En fin, al dejar el detalle de cada foto y volver a todo el carrete, me dio por mover rápidamente el mouse del computador para navegar por el catálogo, que era la carpeta, hasta lograr un efecto visual que mezclaba tetas, culos, lencería de encaje, algodón, nylon y lycra de todos los colores, roja, negra, rosa, verde y azul… tan azul, que fue en ese instante cuando la historia pasó de la algarabía de Junot, al horror del cuento de Barba Azul. Ya saben, ese de las mujeres muertas, colgadas y degolladas que chorreaban sangre. Así lo parecía esa carpeta atestada de fotografías, sobre todo porque varias de ellas terminaban en la clavícula o en los labios, obviando el rostro, haciendo natural la ausencia de la cabeza.
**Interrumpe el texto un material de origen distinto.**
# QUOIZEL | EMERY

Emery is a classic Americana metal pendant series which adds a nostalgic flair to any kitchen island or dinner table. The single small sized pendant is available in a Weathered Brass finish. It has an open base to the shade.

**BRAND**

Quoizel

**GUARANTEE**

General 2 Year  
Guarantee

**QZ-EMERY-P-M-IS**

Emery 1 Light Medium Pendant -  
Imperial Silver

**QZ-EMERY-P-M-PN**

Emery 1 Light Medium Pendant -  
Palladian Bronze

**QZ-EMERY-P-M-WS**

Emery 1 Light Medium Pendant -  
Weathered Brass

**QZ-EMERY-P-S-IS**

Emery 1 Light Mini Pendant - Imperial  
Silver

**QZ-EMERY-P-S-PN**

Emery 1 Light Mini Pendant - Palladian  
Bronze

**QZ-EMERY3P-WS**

Al final del catálogo había una última carpeta con una “x”, en ella había tres videos, de tres mujeres diferentes. El primero era feliz, iluminado. Él y una ella en la plaza pública de un pueblo colonial. Al fondo una iglesia que trataba de sobresalir detrás de los árboles. En el primer plano ellos haciendo unos pasos de baile que terminaban en un beso. El segundo video, explícito, por cierto, duraba varios minutos, pero lo reduje a cinco segundos al arrastrar el cursor por la barra de reproducción. En ese punto la imagen terminó siendo el tronco de una mujer que se movía frenéticamente, tanto que parecía detenida. Ella no era ella, o al menos no toda ella, sino un fragmento. Era una mesa sobre la que él pudo reposar cualquier cosa, la cerveza, el whisky, el ron. En el tercero aparecía yo, totalmente dormida. La cámara me enfocaba un cachete y empezaba a alejarse lentamente, hasta que se veía todo mi cuerpo, en forma de feto, sobre las sábanas revueltas.
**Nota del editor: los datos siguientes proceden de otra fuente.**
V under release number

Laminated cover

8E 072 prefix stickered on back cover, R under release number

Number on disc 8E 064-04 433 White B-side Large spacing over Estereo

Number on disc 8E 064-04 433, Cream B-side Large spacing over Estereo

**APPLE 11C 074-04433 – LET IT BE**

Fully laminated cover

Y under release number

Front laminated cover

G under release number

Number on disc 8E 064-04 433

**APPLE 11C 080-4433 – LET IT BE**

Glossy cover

¿Que si lloré? Sí, lloré. Borré una a una mis fotos y video con la decisión de que no iba a decirle nada, de modo que si él descubría que mis fotos ya no estaban, sería él y sólo él quien tendría que interpelarme a mí. Pues bien, mi reacción no fue la de la prometida del narrador del cuento de Junot que habría dicho “I’ll put a machete in you”, porque no hice reproche alguno; ni fue la de la mujer de Barba Azul que “hizo todo lo que pudo para demostrarle que estaba encantada”, porque yo no estaba encantada, aunque sí fingí estarlo, pues hice caso omiso y seguí con él por muchos meses más después del incidente, hasta casi completar el año. ¿Para qué? o ¿por qué?, no lo sé. Bueno, sí lo sé, la idea era vengarse con gracia. Una venganza lenta, prolongada, que tomara tiempo, que se hiciera en silencio, que fuera casi imperceptible ¿Que si lo logré? Tal vez, pero eso no vale contarlo acá, o al menos no hoy.
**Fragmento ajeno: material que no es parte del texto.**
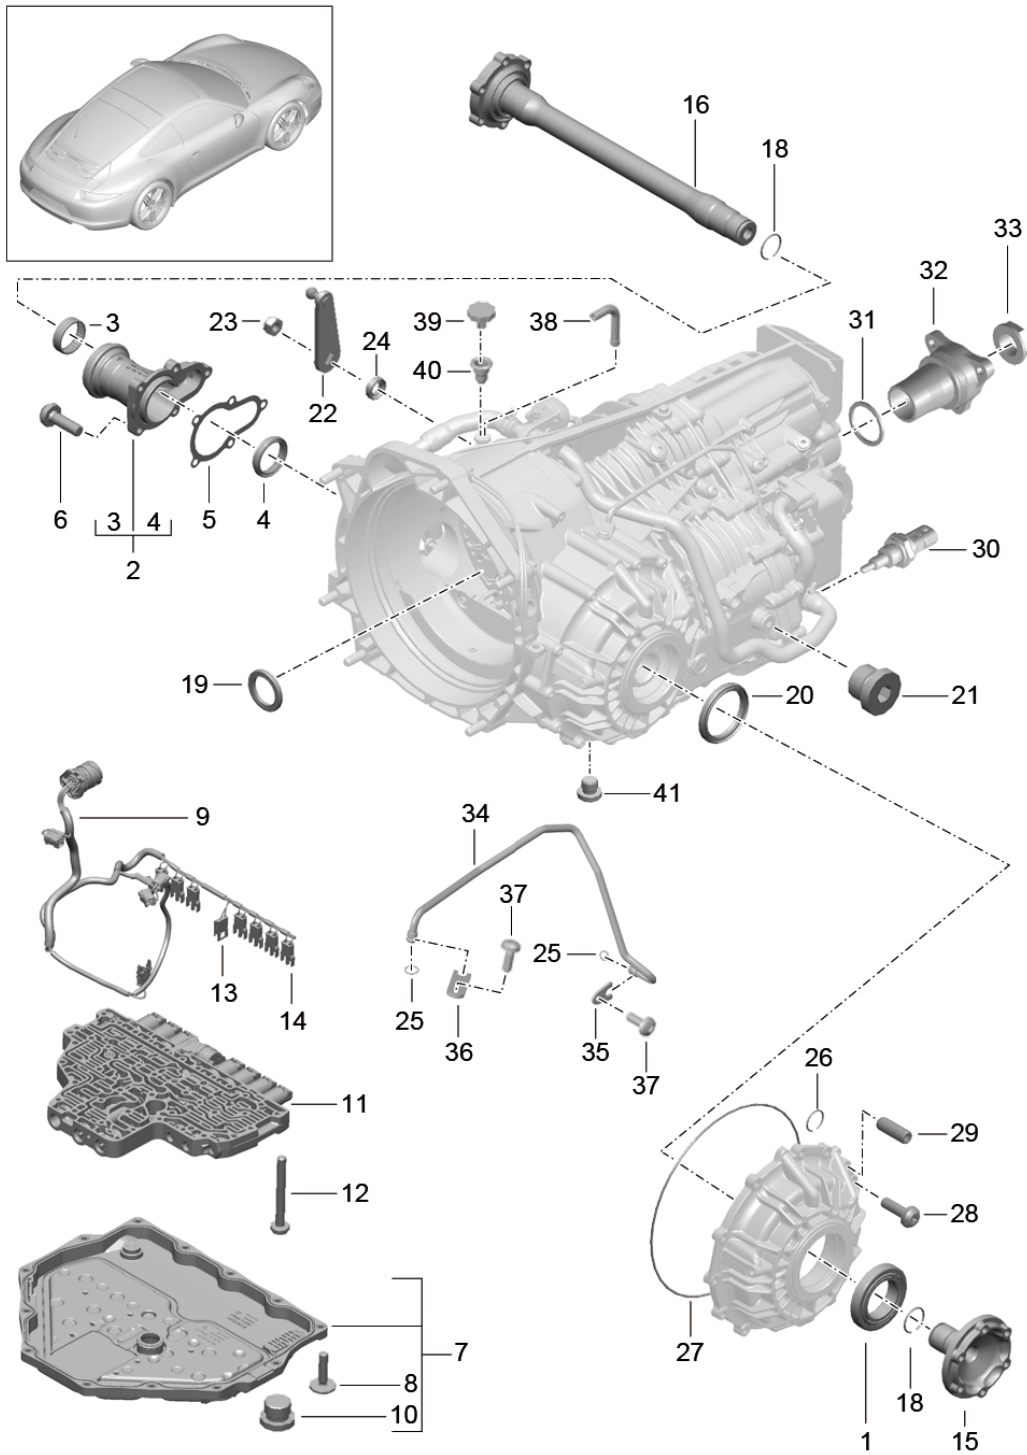

Model: 991-12

Model life 2012>>2016

Model: 991-12

Model life 2012>>2016

Pos	Part Number	Description	Remark	Qty	Model
		- PDK - Gearbox Individual parts			CG105,CG135
1	9G1 332 803 00	Shaft oil seal 64X82X8		1	
		No longer use the part here			
1	9G1 332 803 01	Shaft oil seal 64X82X8		1	
2	9G1 321 959 00	Housing neck (complete)		1	
		Discontinued part			
2	9G1 321 059 00	Housing neck (complete)		1	
3	9G1 332 850 00	needle bearing - 42,0 X 47,0 X 13,0		1	
4	9G1 332 804 00	Shaft oil seal 42 X 55 X 7		1	
5	9G1 321 259 00	Seal flange		1	
6	9G1 332 801 00	Torx screw M8 X 25		5	
7	9G1 321 025 00	oil sump (complete)		1	
8	9G1 321 801 00	Torx screw M6 X 25		13	
9		Wire set Control unit Not available			
10	9G1 321 825 01	sealing plug Included seal ring		1	
11	9G1 317 015 05	Control unit Hydraulic		1	PR:219
		- PDK -			
11	9G1 317 015 35	Control unit Hydraulic		1	PR:221
		- PDK -			
12	9G1 317 801 00	Screw M6x55		20	
13	9G1 317 697 00	Connector housing pressure regulator		2	
14	9G1 317 698 00	Connector housing		6	
15	9G1 332 208 55	Solenoid valve Drive flange Short		1	
		Discontinued part			
15	9G1 332 028 55	Drive flange Short		1	
16	9G1 332 209 55	Drive flange Long		1	
		Discontinued part			
16	9G1 332 029 55	Drive flange Long		1	
18	9G1 332 820 00	snap ring D36 x 2,6		2	
19	9G1 116 807 00	Shaft oil seal for Coupling 40 x 57 x 6		1	
20	9G1 332 806 00	Shaft oil seal 40X52 / 55X40		1	
21	970 321 805 00	Seal bolt with sealing ring		3

Recuerdo haber desconectado el disco duro externo, cerrar el computador y revisar mi celular que tenía un mensaje no leído: “Te estoy viendo, te estoy imaginado. Mándame una foto en la que te estés tocando así…”.
[1] The cheater’s guide to love, de Junot Díaz, en el New Yorker el 23 de julio de 2012.
[2] Barba Azul, versión de Charles Perrault.